# Sunshine Farms Pet Food



## Coco123 (Aug 22, 2012)

I came across a pet food called Sunshine Farms. I purchased the company's Adult Formula and was quite pleased at how well my dog took to the new food. Very palatable and his coat looks great.


----------



## SaharaNight Boxers (Jun 28, 2011)

Coco123 said:


> I came across a pet food called Sunshine Farms. I purchased the company's Adult Formula and was quite pleased at how well my dog took to the new food. Very palatable and his coat looks great.
> View attachment 8239


Looks like a good food. I wish they listed the vitamins and minerals though. Something seems way off about the kcals though. Almost 4,000 kcals a cup! I don't think that makes sense.


----------



## InkedMarie (Sep 9, 2011)

That's a food I've never heard of.


----------



## fishyfishy (Jan 10, 2013)

Coco123 said:


> I came across a pet food called Sunshine Farms. I purchased the company's Adult Formula and was quite pleased at how well my dog took to the new food. Very palatable and his coat looks great.
> View attachment 8239


I just came across this pet food on the Chinese Ebay equivalent (Taobao) - the prices of it are much cheaper than other quality imported dog foods which led me to suspect that Sunshine Farm's Pet Food Company is in fact a Chinese company masquerading itself as a US one. Many Chinese companies will do this by registering a shell or PO box in a foreign country and then market themselves locally as "imported products".

Looking at their website, it seems more likely that this is the case since there are English and Chinese versions only. Additionally, the footer text on the English version states: 

Copyright © Sunshine Farms Pet Food Company. *Carlifornia*, U.S.A. 2012

Notice the lack of an actual US address on their website as well as the spelling of "California"...suspicious.

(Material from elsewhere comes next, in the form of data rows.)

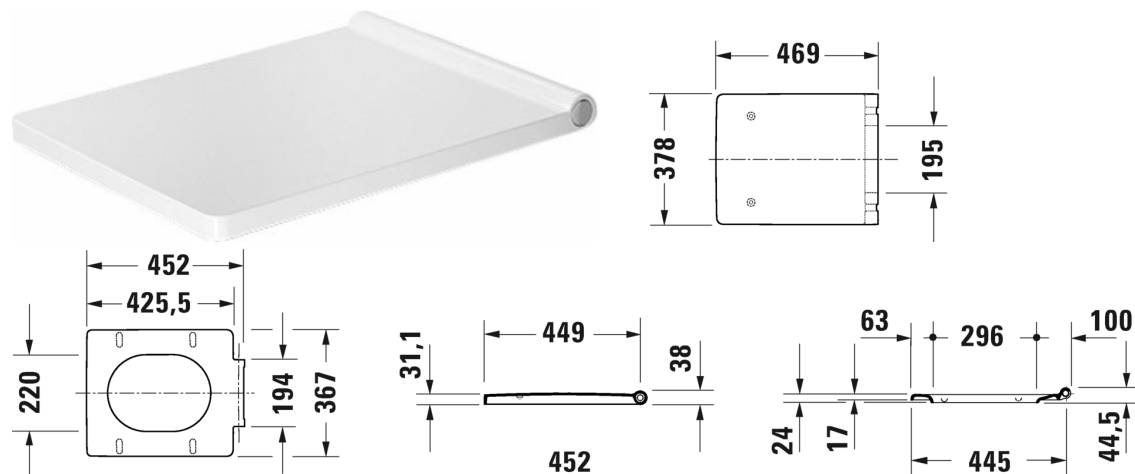

## Vero Air Toiletsæde # 0022010000

Toiletsæde	Dimension	Vægt	Ordrenummer
aftagelig, rustfri stål hængsler, uden dæmpet lukning			
<b>Farver</b>			
00 Hvid (Alpin)			
<b>Varianter</b>			
		2,500 kg	0022010000
<b>Matchende produkter</b>			
Vægmonteret toilet Duravit Rimless® åben skylle-rand, Nordisk variant, inkl. Durafix, UWL Klasse 1, 370 x 570 mm	370 x 570 mm		252509

Alle tegninger indeholder nødvendige mål indenfor standard tolerancer. De er angivet i mm og er vejledende. For præcise mål, specielt ved specielle anvendelsesområder, anbefaler vi at vente til produktet er modtaget.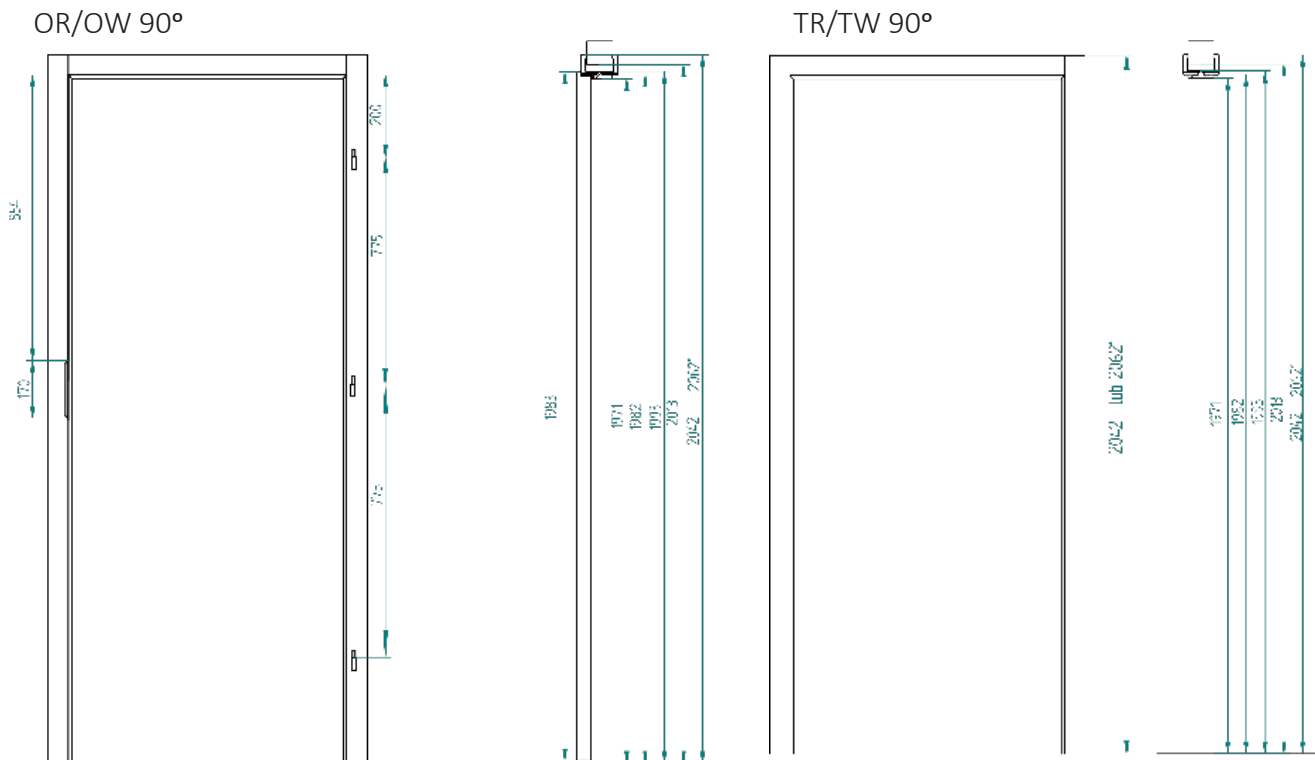

POUŽITIE

Nastaviteľné zárubne ponúkajú oveľa väčšie možnosti konštrukcie a usporiadania ako v prípade pevných zárubní. Nastaviteľný rozsah od 80 mm až 500 mm môžeme zárubňu prispôsobiť rôznej hrúbke steny. Maskovacie pásy pre nastaviteľné zárubne umožňujú pokryť stenu na oboch stranách, čím dosahujeme oveľa lepší vizuálny výsledok.

Nastaviteľný tunel je ideálne riešenie pri dokončovaní dverných otvorov. Tunel sa odporúča pre obklady stien ak kúpite nástenný zárubňový systém.

Finally, if you do a search for the product in Google, you will come across postings in a variety of pet forums by users with only 1 post...such as the one above. Word of mouth is indeed the best form of advertising...but not through disingenuous posts and misrepresentation. 

Not sure about the quality of the food, but I would treat with caution.


----------



## DaViking (Sep 27, 2011)

Smells 100% China to me.


----------